Linear Regression with All the Steps

October 25, 2019

Common misconceptions, implicit assumptions, and missed steps in linear regression.

Linear regression is kind of a beautiful problem. I wanted to point out a few details that a lot of people miss and provide the derivation of the closed-form solution without skipping any steps.

Problem Set-up

We’re given a dataset of N points $(x_i, y_i)$ , where $x_i$ is a D-dimensional feature vectory and $y_i$ is a 1D scalar. In this case, $y(x)$ is a random variable. We want to build a model such that, given some new inputs $x$ , we can predict the mean output $\hat{y}(x)$ .

Our model hypothesis is that $y$ is linear in $w$ , not necessarily $x$ , which is a common misconception:

\hat{y}(x) = \sum_j^D w_j f_j(x) + w_0

where $w_j$ are elements of the weight vector $w$ and $f_j(x)$ is a (potentially non-linear) function applied to x. For the rest of this problem, we’ll assume $f(x) = x$ for simplicity. For the convenience of matrix operations, we’ll roll the bias term inside $w$ by prepending a dimension to $x$ and defining:

f_0(x) \equiv 1; x_0 = 1 \\ D = D + 1 \\

Note that we are making a number of assumptions about the data and errors here - see this great Stats StackExchange answer for more details.

Loss Function

We want to choose model parameters $w$ to fit the data well. To do this, we can minimize an error function that is larger if the model fits the data more poorly. We use the sum of squared errors as our loss function for a few reasons:

The resulting function is smooth and differentiable, which is easier to optimize
The errors from overshooting some amount are the same as undershooting by that amount
The least squares solution gives us the maximum likelihood estimator (MLE) if the noise is an independent Gaussian ( $y_i = wx_i + \epsilon_i, \epsilon \sim N(0, \sigma^2)$ )

Matrix Form

Before we dive into the solution, we’ll rewrite the problem formulation and loss function in matrix form, where $\hat{Y}$ is an Nx1 vector, $X$ is a NxD matrix, and $w$ is a Dx1 vector.

\hat{Y} = Xw

L = (\hat{Y} - Y)^T (\hat{Y} - Y) \\ = (Xw - Y)^T (Xw - Y)

Closed Form Solution

Now we can solve for the $w$ that minimizes our loss function by taking the first derivative of the loss function $L$ with respect to $w$ and setting it equal to zero.

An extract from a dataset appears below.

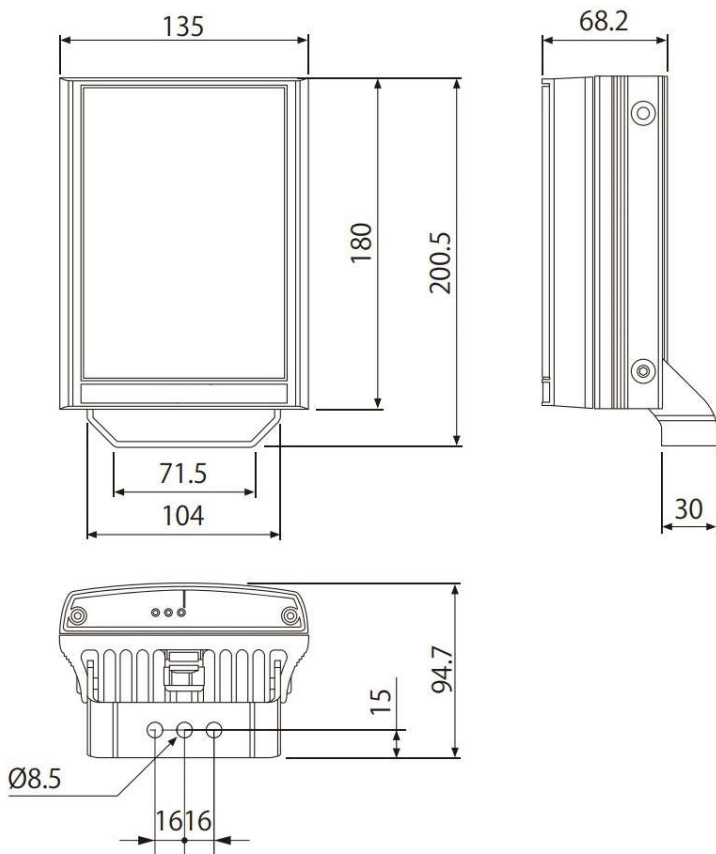

VAR2-w2-1

VAR2-w4-1

VAR2-w8-1

VAR2-w16-1

This leads to our global minimum because the least-squares loss is convex.

\frac{\partial L}{\partial w} (Xw - Y)^T (Xw - Y) = 0

Before taking the derivative, we can expand out the product.

\frac{\partial L}{\partial w} (w^TX^TXw - w^TX^Ty - y^TXw + y^Ty) = 0

Recall our matrix derivative properties (proofs):

\frac{\partial}{\partial x} (x^T A x) = (A + A^T)x = 2Ax \;(1) \\ \frac{\partial}{\partial x} (x^T A) = A \;(2) \\ \frac{\partial}{\partial x} (A x) = A^T \;(3) \\

Note that $(A + A^T)x = 2Ax$ if $A$ is symmetric.

Take the derivative. For the first term, use property 1 where $A=X^TX$ is symmetric (proof). For the second term, use property 2 where $A=X^Ty$ . For the third term, use property 3 where $A=y^TX$ .

2X^TXw - X^Ty - (y^TX)^T = 0 \\

2X^TXw - 2X^Ty = 0 \\

w = (X^TX)^{-1}X^Ty

The solution $w = (X^TX)^{-1}X^Ty$ is also known as the normal equation.

Discussion

Note that $X^TX$ may not be invertible if:

There are too few examples for the number of features: N < D
It is singular (by definition), i.e. the determinant is zero
The columns are linearly dependent; there are redundant features

Here I focus on the closed-form Ordinary Least Squares solution, but it’s also important to understand the MLE, SVD, and gradient descent approaches. MLWiki has a great compact summary.